You are placing producer and consumer counters on the same cache-line.
This is not acceptable.

The page pool and ptr_ring, are specifically designed to avoid
cache-line contention between consumers and producers.  This patch
kills that work.


> +	u64 ring_return;
> +	u64 flush;
> +	u64 node_change;
> +};

Another example of carefully avoiding cache-line bouncing is the
inflight tracking, e.g. the struct placement of pages_state_release_cnt
and pages_state_hold_cnt for inflight accounting.


> +
>  struct page_pool_params {
>  	unsigned int	flags;
>  	unsigned int	order;
> @@ -65,6 +79,7 @@ struct page_pool_params {
>  	int		nid;  /* Numa node id to allocate from pages from */
>  	enum dma_data_direction dma_dir; /* DMA mapping direction */
>  	struct device	*dev; /* device, for DMA pre-mapping purposes */
> +	struct page_pool_stats *stats; /* pool stats stored externally */
>  };
>  
>  struct page_pool {
> @@ -230,8 +245,8 @@ static inline bool page_pool_put(struct page_pool *pool)

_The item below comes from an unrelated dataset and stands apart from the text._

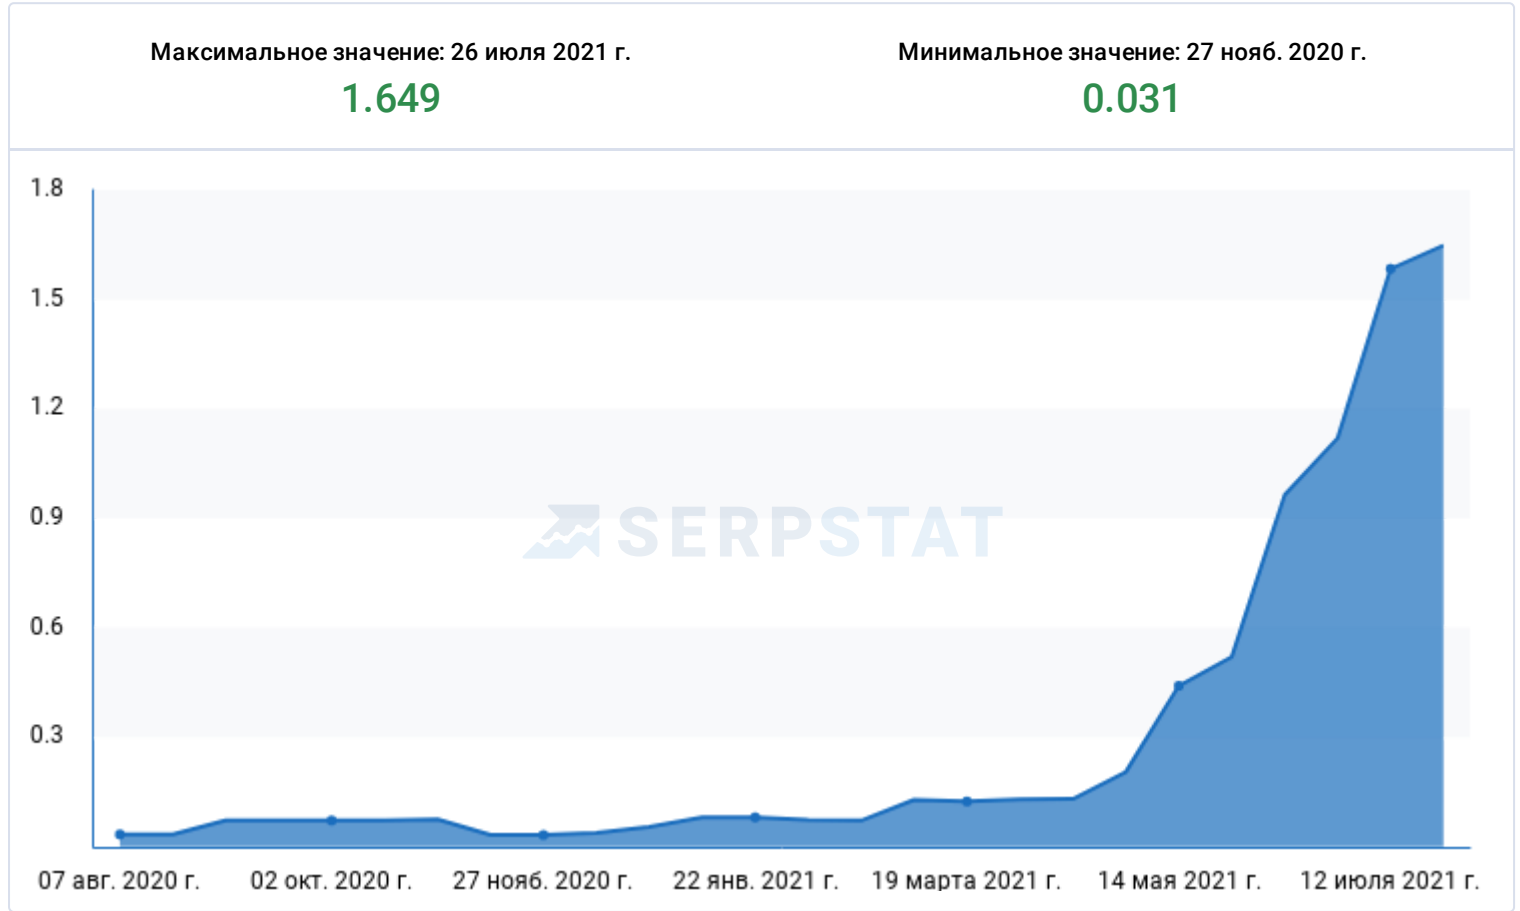

История изменения видимости в органике

>  static inline void page_pool_update_nid(struct page_pool *pool, int new_nid)
>  {
>  	if (unlikely(pool->p.nid != new_nid)) {
> -		/* TODO: Add statistics/trace */
>  		pool->p.nid = new_nid;
> +		pool->p.stats->node_change++;
>  	}
>  }
>  #endif /* _NET_PAGE_POOL_H */
> diff --git a/net/core/page_pool.c b/net/core/page_pool.c
> index f8fedecddb6f..ea6202813584 100644
> --- a/net/core/page_pool.c
> +++ b/net/core/page_pool.c
> @@ -20,9 +20,10 @@
>  
>  static int page_pool_init(struct page_pool *pool)
>  {
> +	int size;
>  
>  	/* Validate only known flags were used */
> -	if (pool->p.flags & ~(PP_FLAG_ALL))
> +	if (pool->p.flags & ~PP_FLAG_ALL)
>  		return -EINVAL;
>  
>  	if (!pool->p.pool_size)
> @@ -40,8 +41,16 @@ static int page_pool_init(struct page_pool *pool)

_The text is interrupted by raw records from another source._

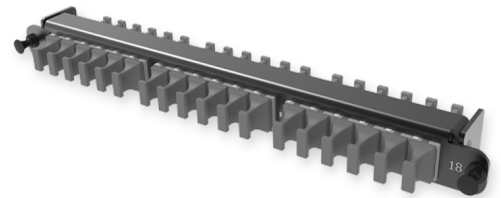

A2 - Адаптерная плата MM

A2 - Адаптерная плата 18 x MTP адаптеров (цвет: серый), MM, тип VX (Up&Up), (совместима с выдвижной панелью Flex Tray)

СПЕЦИФИКАЦИЯ

Тип волокна	MM 50/125 OM4
Количество портов	18 портов
Тип интерфейса, с лицевой части	MTP адаптер (Aligned key)
Материал	Металл
Товарная группа	A2 - Адаптерная плата
Полярность кассет	Тип VX (Up&Up)
Вариант исполнения	Многомодовое исполнение
Цвет адаптера	Серый

Артикулы

18214106	A2 - Адаптерная плата 18 x MTP адаптеров (цвет: серый), MM, тип VX (Up&Up), (совместима с выдвижной панелью Flex Tray)
----------	--
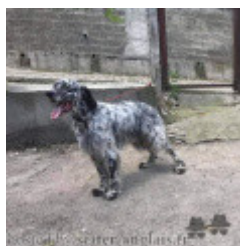

Mère <u>ANGEL VOM KASTAMONU</u> 2013-12-17 (F) LOF KIF-GSB-ES-0525 - bluebelton	<u>REX</u> 2008-03-17 (M) LOF KIF-GSB-ES-0379 - bluebelton	<u>DARK</u> 2005-01-01 (M) LOF - bluebelton	<u>PASA</u> 2001-03-01 (M) LOF - bluebelton	
	<u>BENEK VOM KASTAMONU</u> 2008-05-15 (F) LOF KIF-GSB-ES-0360 - bluebelton	<u>KONTES</u> (F) LOF - bluebelton	<u>ROZI</u> 2002-08-05 (F) 528294 - lemon	<u>MEX</u> (M) LOF - bluebelton
	<u>REX</u> 2006-03-17 (M) - bluebelton	<u>FISTIK</u> (F) LOF - bluebelton	<u>DUMAN DEL MANGIA</u> (M) LOF - bluebelton	
	<u>ZEYNA</u> 2006-05-10 (F) LOF - tricolore	<u>??LA</u> (F) - bluebelton	<u>PIANIGIANI'S TEK</u> (M) TR-ES-12541 - tricolore	
			<u>ASYA</u> (F) LOF - tricolore	

Eleveur : VOM KASTAMONU / Propriétaire : Gürkan GÜRSÜL (05447803700, gurkan_gursul@hotmail.com)

Sang italien (estimation) : 50 %

Estimation des points au pédigrée : 2

Note : les données ne sont pas garanties. Elles ont été entrées par les membres sans garantie d'exactitude.

>  	    (pool->p.dma_dir != DMA_BIDIRECTIONAL))
>  		return -EINVAL;
>  
> +	if (!pool->p.stats) {
> +		size  = sizeof(struct page_pool_stats);
> +		pool->p.stats = kzalloc_node(size, GFP_KERNEL, pool->p.nid);
> +		if (!pool->p.stats)
> +			return -ENOMEM;
> +		pool->p.flags |= PP_FLAG_INTERNAL_STATS;
> +	}
> +
>  	if (ptr_ring_init(&pool->ring, pool->p.pool_size, GFP_KERNEL) < 0)
> -		return -ENOMEM;
> +		goto fail;
>  
>  	atomic_set(&pool->pages_state_release_cnt, 0);
>  
> @@ -52,6 +61,12 @@ static int page_pool_init(struct page_pool *pool)

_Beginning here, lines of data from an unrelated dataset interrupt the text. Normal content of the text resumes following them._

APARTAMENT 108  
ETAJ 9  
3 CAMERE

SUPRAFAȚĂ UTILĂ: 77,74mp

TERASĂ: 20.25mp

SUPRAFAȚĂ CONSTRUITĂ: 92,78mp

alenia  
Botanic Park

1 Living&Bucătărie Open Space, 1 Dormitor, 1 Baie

>  		get_device(pool->p.dev);
>  
>  	return 0;
> +
> +fail:
> +	if (pool->p.flags & PP_FLAG_INTERNAL_STATS)
> +		kfree(pool->p.stats);
> +
> +	return -ENOMEM;
>  }
>  
>  struct page_pool *page_pool_create(const struct page_pool_params *params)
> @@ -98,9 +113,11 @@ static struct page *__page_pool_get_cached(struct page_pool *pool)
>  	if (likely(in_serving_softirq())) {
>  		if (likely(pool->alloc_count)) {
>  			/* Fast-path */
> +			pool->p.stats->cache_hit++;
>  			page = pool->alloc_cache[--pool->alloc_count];
>  			return page;
>  		}
> +		pool->p.stats->cache_empty++;
>  		refill = true;
>  	}
>  
> @@ -113,10 +130,13 @@ static struct page *__page_pool_get_cached(struct page_pool *pool)
>  	 */
>  	spin_lock(&r->consumer_lock);
>  	page = __ptr_ring_consume(r);
> -	if (refill)
> +	if (refill) {
>  		pool->alloc_count = __ptr_ring_consume_batched(r,
>  							pool->alloc_cache,
>  							PP_ALLOC_CACHE_REFILL);
> +		pool->p.stats->ring_consume += pool->alloc_count;
> +	}
> +	pool->p.stats->ring_consume += !!page;
>  	spin_unlock(&r->consumer_lock);
>  	return page;
>  }
> @@ -266,15 +286,23 @@ static void __page_pool_return_page(struct page_pool *pool, struct page *page)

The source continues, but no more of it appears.